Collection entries
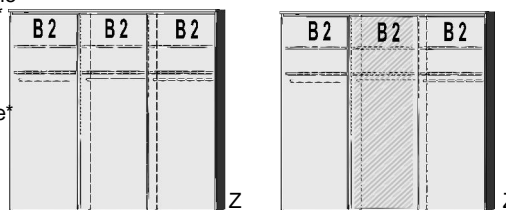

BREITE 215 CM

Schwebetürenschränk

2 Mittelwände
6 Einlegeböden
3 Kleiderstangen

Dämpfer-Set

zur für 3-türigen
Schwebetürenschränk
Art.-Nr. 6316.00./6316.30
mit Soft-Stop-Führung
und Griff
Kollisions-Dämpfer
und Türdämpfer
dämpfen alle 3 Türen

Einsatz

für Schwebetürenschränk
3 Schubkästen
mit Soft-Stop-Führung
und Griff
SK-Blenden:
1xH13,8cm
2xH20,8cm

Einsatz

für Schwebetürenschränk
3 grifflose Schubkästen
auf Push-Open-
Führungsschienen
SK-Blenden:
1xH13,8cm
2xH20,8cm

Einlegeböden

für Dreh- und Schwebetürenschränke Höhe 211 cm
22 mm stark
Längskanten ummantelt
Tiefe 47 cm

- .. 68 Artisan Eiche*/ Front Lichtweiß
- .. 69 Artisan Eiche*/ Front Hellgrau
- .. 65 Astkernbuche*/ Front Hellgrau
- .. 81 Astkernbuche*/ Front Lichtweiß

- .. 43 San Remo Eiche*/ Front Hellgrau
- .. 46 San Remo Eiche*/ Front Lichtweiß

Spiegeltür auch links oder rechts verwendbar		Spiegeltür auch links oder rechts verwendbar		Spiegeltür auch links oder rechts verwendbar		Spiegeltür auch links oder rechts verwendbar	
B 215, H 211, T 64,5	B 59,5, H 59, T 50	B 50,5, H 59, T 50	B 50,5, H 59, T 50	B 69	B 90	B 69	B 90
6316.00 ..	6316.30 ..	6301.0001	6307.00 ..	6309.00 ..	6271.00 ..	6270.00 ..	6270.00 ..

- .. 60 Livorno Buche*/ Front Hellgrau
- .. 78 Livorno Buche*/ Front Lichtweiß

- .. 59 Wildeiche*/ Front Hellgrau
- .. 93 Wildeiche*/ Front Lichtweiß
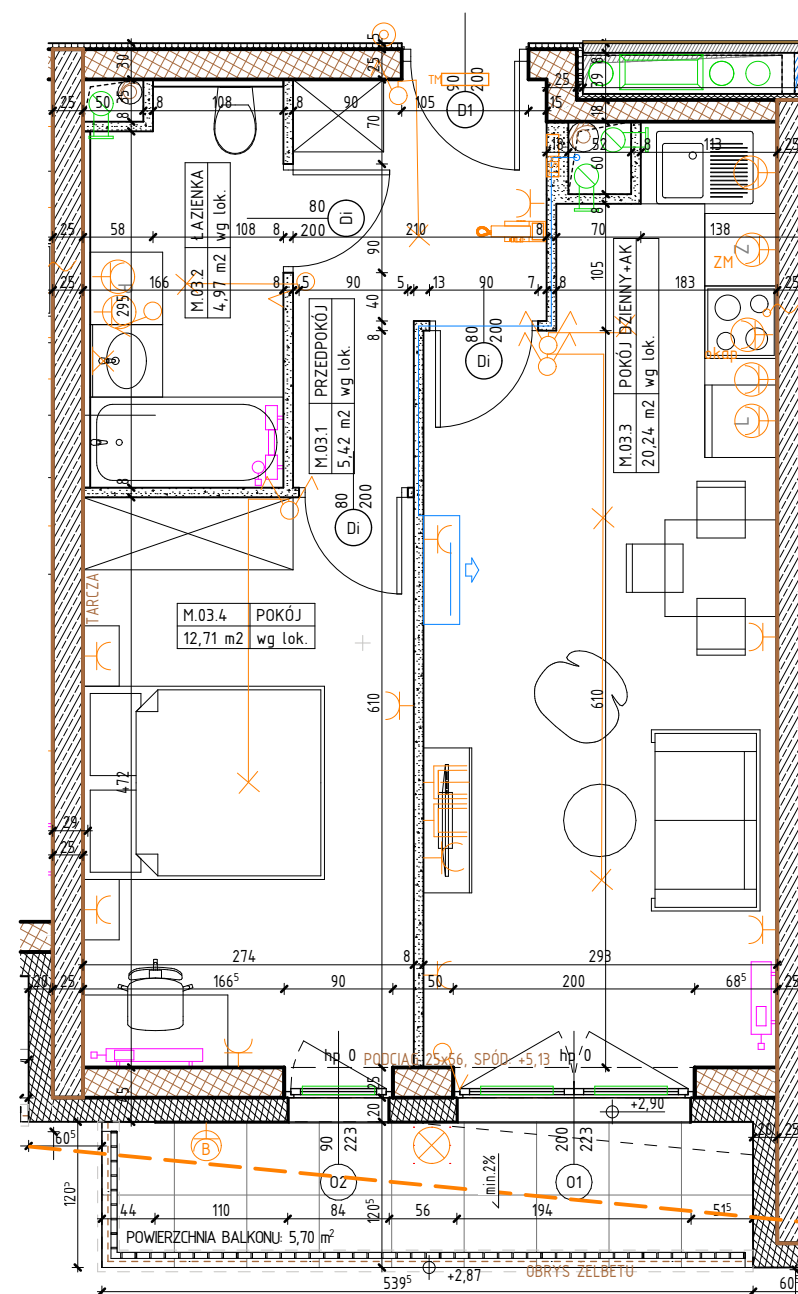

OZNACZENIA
...
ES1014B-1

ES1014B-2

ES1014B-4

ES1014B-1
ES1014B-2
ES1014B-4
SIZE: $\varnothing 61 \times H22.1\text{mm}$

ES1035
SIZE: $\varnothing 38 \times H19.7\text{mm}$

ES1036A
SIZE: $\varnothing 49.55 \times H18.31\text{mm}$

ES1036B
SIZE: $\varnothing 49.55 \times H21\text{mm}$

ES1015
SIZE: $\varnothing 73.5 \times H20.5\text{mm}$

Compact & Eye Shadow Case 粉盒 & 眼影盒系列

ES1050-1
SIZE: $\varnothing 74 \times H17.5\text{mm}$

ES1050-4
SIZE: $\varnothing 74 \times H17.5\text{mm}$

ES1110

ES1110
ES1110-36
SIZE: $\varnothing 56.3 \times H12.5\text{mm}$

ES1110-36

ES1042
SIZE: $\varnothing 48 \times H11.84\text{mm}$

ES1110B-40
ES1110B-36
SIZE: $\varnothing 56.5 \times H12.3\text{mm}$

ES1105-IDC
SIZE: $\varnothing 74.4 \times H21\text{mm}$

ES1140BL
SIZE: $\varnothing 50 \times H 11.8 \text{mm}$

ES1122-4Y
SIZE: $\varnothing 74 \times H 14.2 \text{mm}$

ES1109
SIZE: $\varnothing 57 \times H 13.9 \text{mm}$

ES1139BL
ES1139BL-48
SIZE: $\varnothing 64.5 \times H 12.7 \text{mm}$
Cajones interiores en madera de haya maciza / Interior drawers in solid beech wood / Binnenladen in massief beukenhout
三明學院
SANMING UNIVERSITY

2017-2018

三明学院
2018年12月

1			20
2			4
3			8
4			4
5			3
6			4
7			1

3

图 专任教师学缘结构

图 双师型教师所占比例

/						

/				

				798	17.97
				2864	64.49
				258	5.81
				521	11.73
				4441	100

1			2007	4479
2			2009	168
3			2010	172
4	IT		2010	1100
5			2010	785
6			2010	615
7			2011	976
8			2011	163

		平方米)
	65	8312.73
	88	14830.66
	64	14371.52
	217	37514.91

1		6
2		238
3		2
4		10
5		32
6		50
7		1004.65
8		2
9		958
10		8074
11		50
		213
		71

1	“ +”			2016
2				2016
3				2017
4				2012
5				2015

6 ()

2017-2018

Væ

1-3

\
...
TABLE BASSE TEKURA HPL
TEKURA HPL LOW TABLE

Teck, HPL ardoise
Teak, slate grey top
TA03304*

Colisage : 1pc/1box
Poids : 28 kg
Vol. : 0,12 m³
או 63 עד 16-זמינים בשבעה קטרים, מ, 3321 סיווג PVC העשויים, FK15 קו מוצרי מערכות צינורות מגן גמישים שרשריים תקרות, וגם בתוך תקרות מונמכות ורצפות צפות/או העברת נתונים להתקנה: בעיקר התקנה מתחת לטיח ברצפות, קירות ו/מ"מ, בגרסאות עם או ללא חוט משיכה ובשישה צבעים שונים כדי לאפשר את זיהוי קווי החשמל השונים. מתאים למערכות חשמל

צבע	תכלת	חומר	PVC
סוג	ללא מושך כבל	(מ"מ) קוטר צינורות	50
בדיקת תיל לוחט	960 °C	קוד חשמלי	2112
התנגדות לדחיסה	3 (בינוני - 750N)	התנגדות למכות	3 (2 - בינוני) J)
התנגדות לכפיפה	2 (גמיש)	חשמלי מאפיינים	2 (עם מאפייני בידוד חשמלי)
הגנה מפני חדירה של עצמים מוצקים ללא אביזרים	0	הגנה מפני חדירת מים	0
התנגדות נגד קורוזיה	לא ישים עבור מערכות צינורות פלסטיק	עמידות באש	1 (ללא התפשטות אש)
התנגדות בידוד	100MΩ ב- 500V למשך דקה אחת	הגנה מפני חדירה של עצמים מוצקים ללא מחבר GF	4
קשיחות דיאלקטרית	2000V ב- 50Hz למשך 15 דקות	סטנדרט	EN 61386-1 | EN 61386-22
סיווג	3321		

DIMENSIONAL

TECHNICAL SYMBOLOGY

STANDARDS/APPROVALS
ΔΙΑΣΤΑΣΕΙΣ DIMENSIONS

DESCRIPTION OF THE TASK
From the data above, return every line from the line that has "BREITE 215 CM" up to and including the line that has "22 mm stark", exactly.

ANSWER BELOW
BREITE 215 CM

Schwebetürenschränk

2 Mittelwände
6 Einlegeböden
3 Kleiderstangen

Dämpfer-Set

zur für 3-türigen
Schwebetürenschränk
Art.-Nr. 6316.00./6316.30
mit Soft-Stop-Führung
und Griff
Kollisions-Dämpfer
und Türdämpfer
dämpfen alle 3 Türen

Einsatz

für Schwebetürenschränk
3 Schubkästen
mit Soft-Stop-Führung
und Griff
SK-Blenden:
1xH13,8cm
2xH20,8cm

Einsatz

für Schwebetürenschränk
3 grifflose Schubkästen
auf Push-Open-
Führungsschienen
SK-Blenden:
1xH13,8cm
2xH20,8cm

Einlegeböden

für Dreh- und Schwebetürenschränke Höhe 211 cm
22 mm stark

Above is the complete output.